Brushed motors use a mechanical commutation that requires brushes to make contact with the rotating rotor and commutator, causing them to generate torque ripple, a pulsation of power that creates vibration and mechanical noise. This can cause the rotor to accelerate or decelerate unevenly and can limit the rated rotational speed of the motor.

In contrast, BLDC motors have no brushes and can achieve tens of thousands of hours of life with limited wear on the ball bearings. The motor also produces less electrical noise and interference, making it better suited for medical or other quiet applications.

BLDC motors use Hall Effect sensors in the rotor to determine when and which coils to energize, eliminating the need for mechanical contacts between a commutator and brushes and minimizing power losses in the commutation process. They are also designed to have a large clear aperture inside diameter that makes it easy to pass light, wiring or plumbing through the center of the motor.

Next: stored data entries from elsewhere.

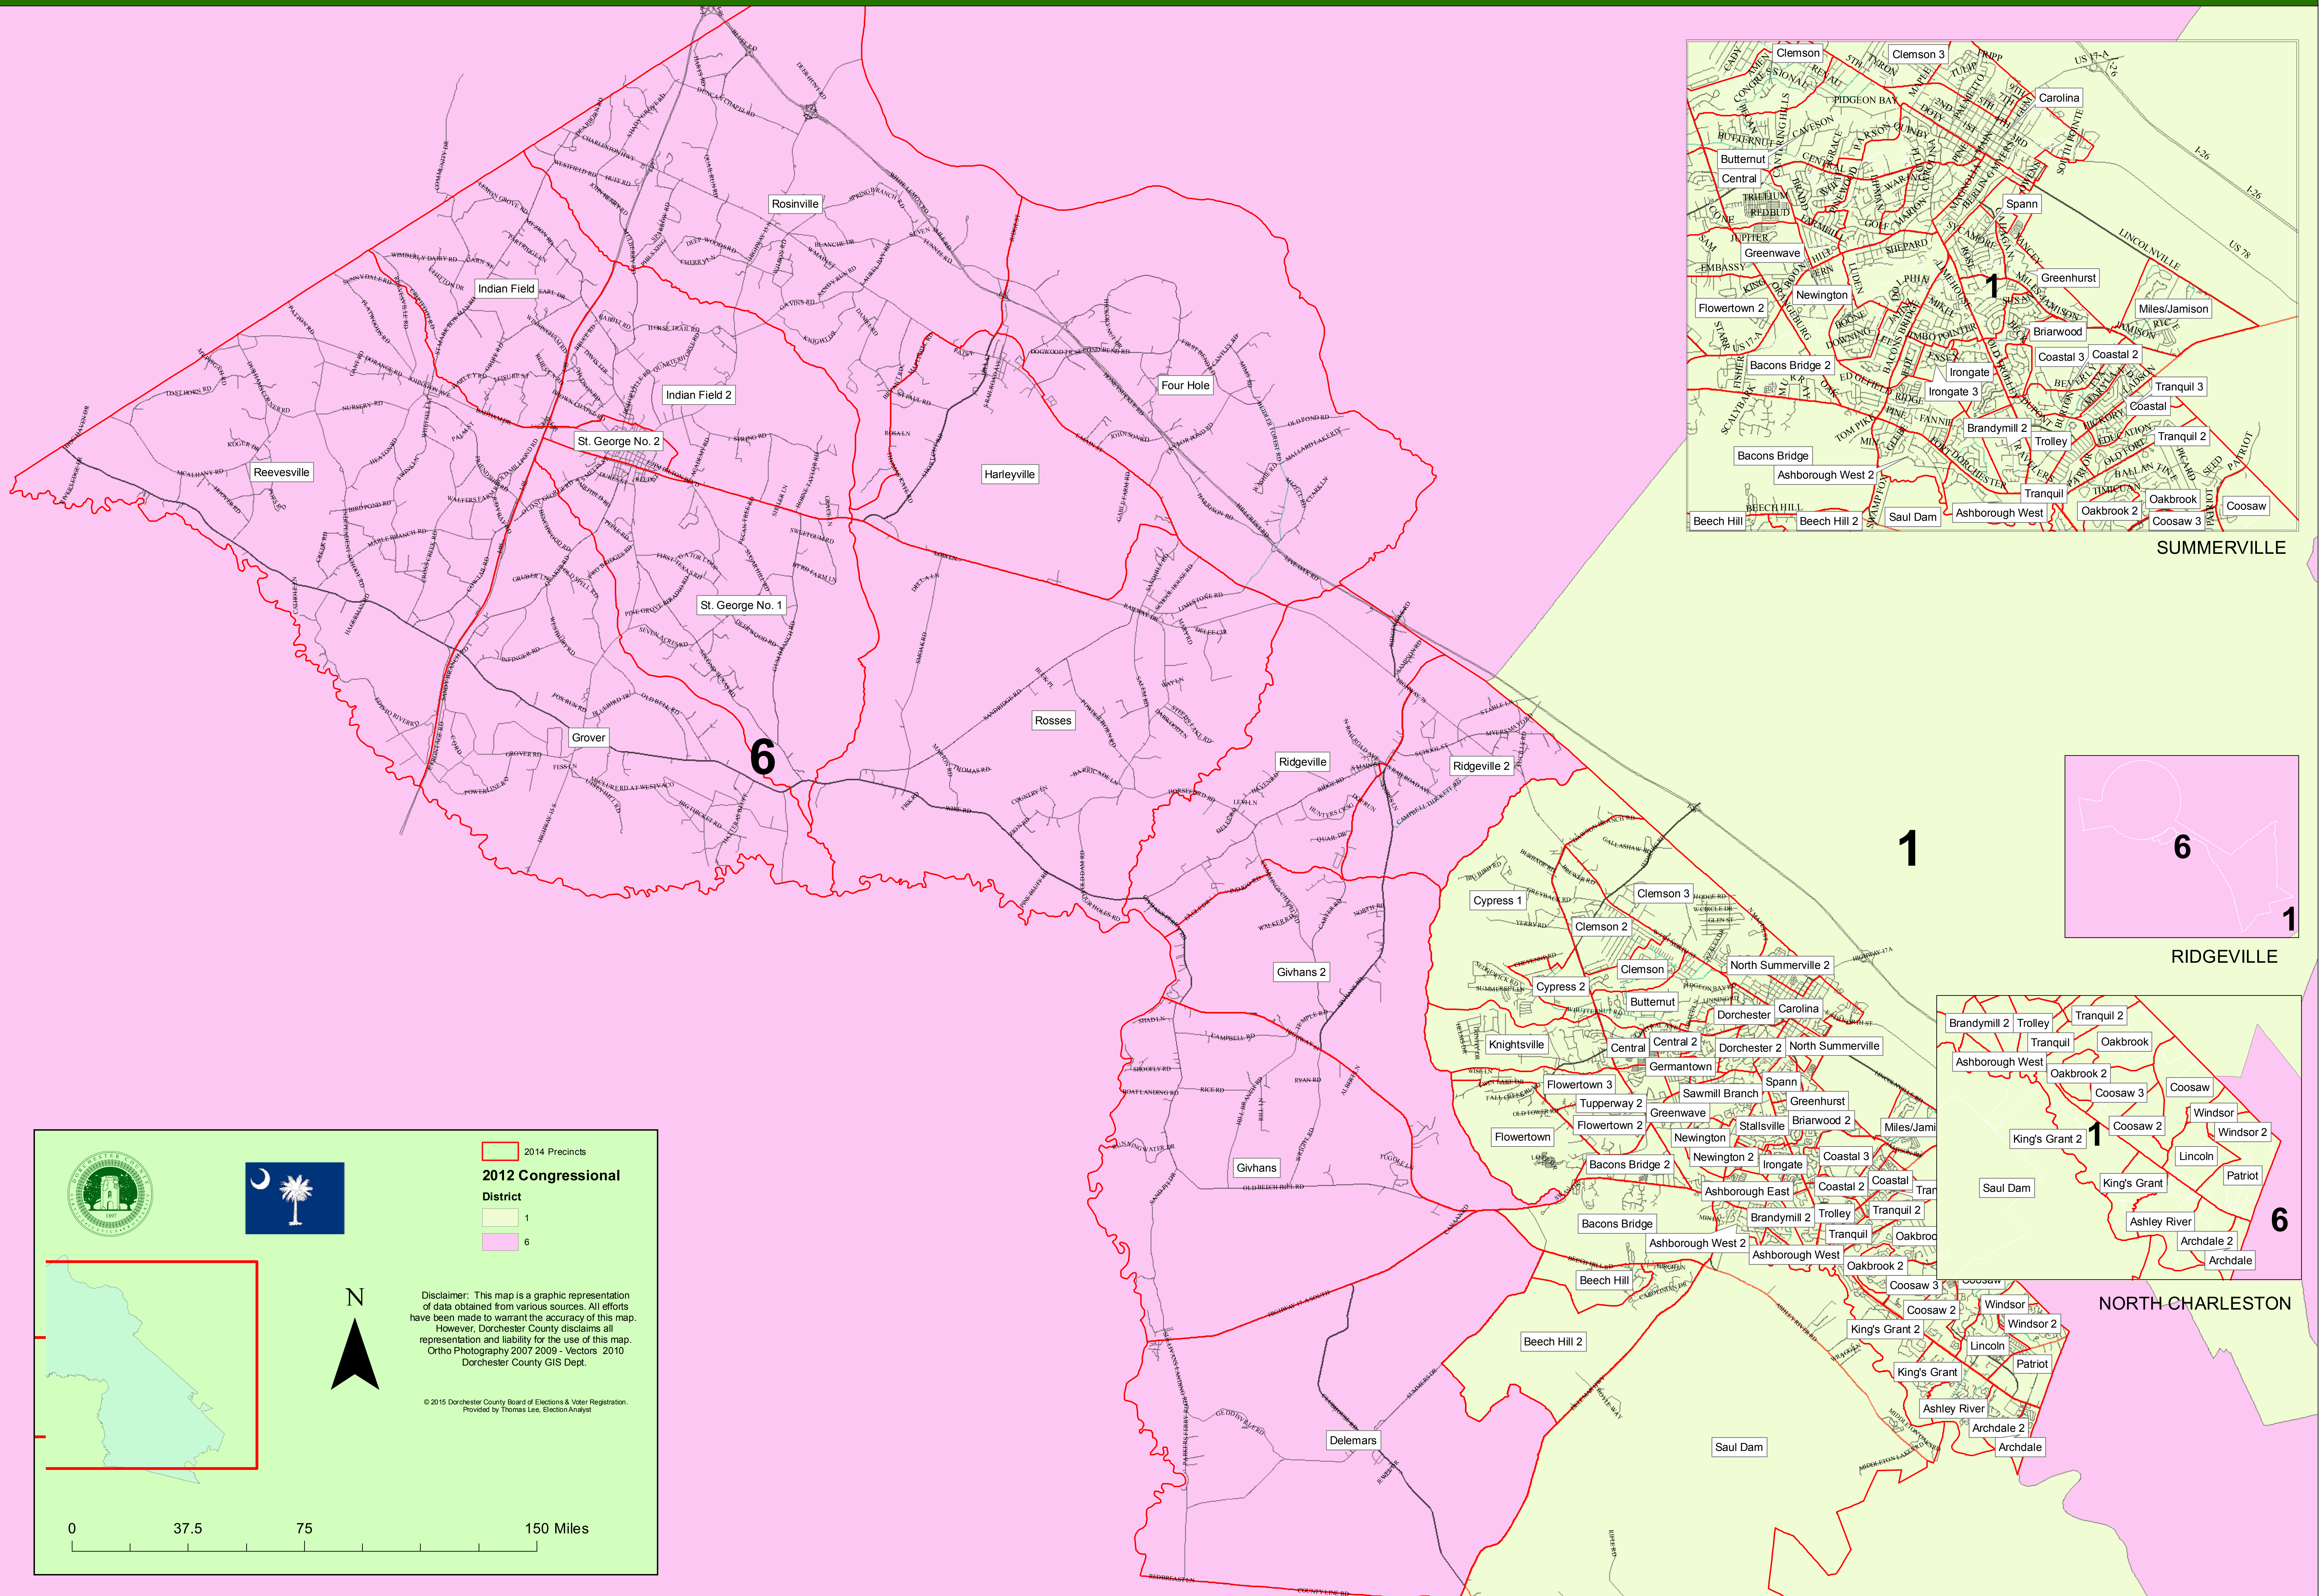

# Dorchester County, SC - Congressional District 6

SUMMERVILLE

RIDGEVILLE

NORTH-CHARLESTON
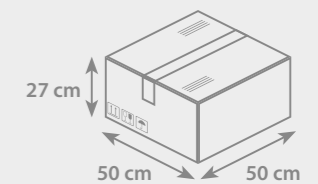

PACKAGING

17 kg

- Box dimensions: **W 50 cm × L 50 cm × H 27 cm**
- Weight: **17 kg**
- Number of pieces packed: **100 pcs**
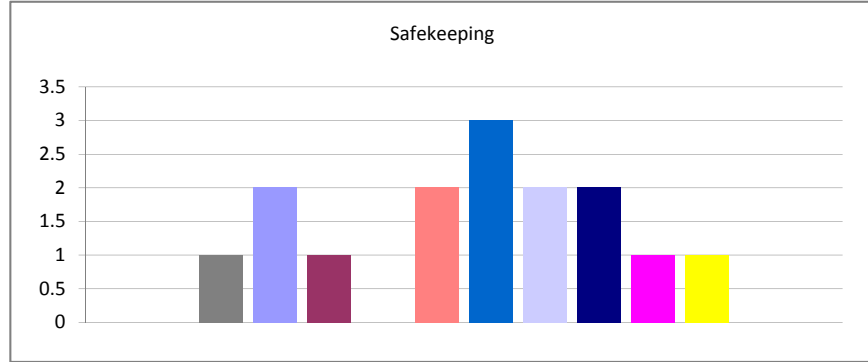

Safekeeping - (07/20/2010 06:29:12) All Reports - In The Last 90 Days - All Shifts - All Authors

Created	Total	Percent
Week 16 of 2010	0	0.00%
Week 17 of 2010	0	0.00%
Week 18 of 2010	1	6.67%
Week 19 of 2010	2	13.33%
Week 20 of 2010	1	6.67%
Week 21 of 2010	0	0.00%
Week 22 of 2010	2	13.33%
Week 23 of 2010	3	20.00%
Week 24 of 2010	2	13.33%
Week 25 of 2010	2	13.33%
Week 26 of 2010	1	6.67%
Week 27 of 2010	1	6.67%
Week 28 of 2010	0	0.00%
Week 29 of 2010	0	0.00%
Total:	15	100.00%
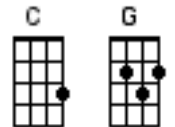

Don't you want me baby (Same key as original)

Start Note C

Human League

<https://www.youtube.com/watch?v=uPudE8nDog0>

Intro and Outro Riff

A 0-0 - - 0 -0 - - 3 | 0-0 - - 0 - 0-3 -0 } 0-0 - - 0 -0 - - 3 | 0-0 - - 0 5-7-5-3-2 - 0 |
 E - - 0-3 - - 0 -3 - | - - 0-3 - - - -3 - | - - 0-3 - - 0 -3 - | - - 0-3 - - - - - - - |
 C - - - - - - - - | - - - - - - - - | - - - - - - - - - - - - - - - - |
 G - - - - - - - - | - - - - - - - - | - - - - - - - - - - - - - - - - |

[Dm]

Strum simple down strums

You were [F] working as a waitress in a [Gsus4] cocktail [G] bar /
 [F] / When [C] I met [G] you -ou //
 I [F] picked you out I shook you up and [Gsus4] turned you a-[G]round /
 [F] Turned you into [C] someone [G] new ///

CHORUS

[Am] Don't // don't you [Em] want me? //
 You [F] know I can't believe it when I [Dm] hear that you won't [Gsus4] see [G] me
 [Am] Don't // don't you [Em] want me? //
 You [F] know I don't believe it when you [Dm] say that you don't [Gsus4] need [G]me
 It's [A] much too late to find /
 You [B7] think you've changed your mind /
 You'd [Am/C] better change it back or we will [E7] both be sorry

CHORUS

[Am] Don't // don't you [Em] want me? //
 You [F] know I can't believe it when I [Dm] hear that you won't [Gsus4] see / [G] me /
 [Am] Don't // don't you [Em] want me? //
 You [F] know I don't believe it when you [Dm] say that you don't [Gsus4] need [G]me
 It's [A] much too late to find /
 You [B7] think you've changed your mind /
 You'd [Am/C] better change it back or we will [E7] both be sorry

Depending on the application, a custom BLDC motor can be configured with a variety of shaft modifications including hollow shafts, special materials, coating and plating. Lead length, type and connector options, encoders and other accessories can also be customized to meet specific application requirements.

Applications

Custom BLDC motors offer a variety of benefits over traditional brushed DC motors. They are ideal for battery-powered devices where increased efficiency translates into longer battery life. The elimination of brushes also means less noise, longer lifespan by eliminating commutator wear, and reduced electromagnetic interference (EMI).

Brushless motors are commonly found in applications like automotive seat adjustment motors that require precision motion and long service life. These motors High power brushless motor are also used in industrial applications like CNC machine tools, robotic systems and other industrial equipment. They can also be used in aerospace equipment where they provide resistance to shock and harsh environments.

Due to their compact size and low power consumption, BLDC motors are used in a wide range of consumer and commercial applications. They can also be used for servo motors in applications where high speed and accurate positioning are the goals.

Brushed DC motors require environmental humidity to lubricate the brushes and commutator, causing wear and shortening the motor’s lifetime. The lack of this lubrication makes brushless motors better suited to applications that are in dry or vacuum settings. These include special laboratories, aircraft designs and other commercial and military devices. They also operate quietly and without the need for a commutator, making them more suitable to medical and food applications where acoustic noise is an issue.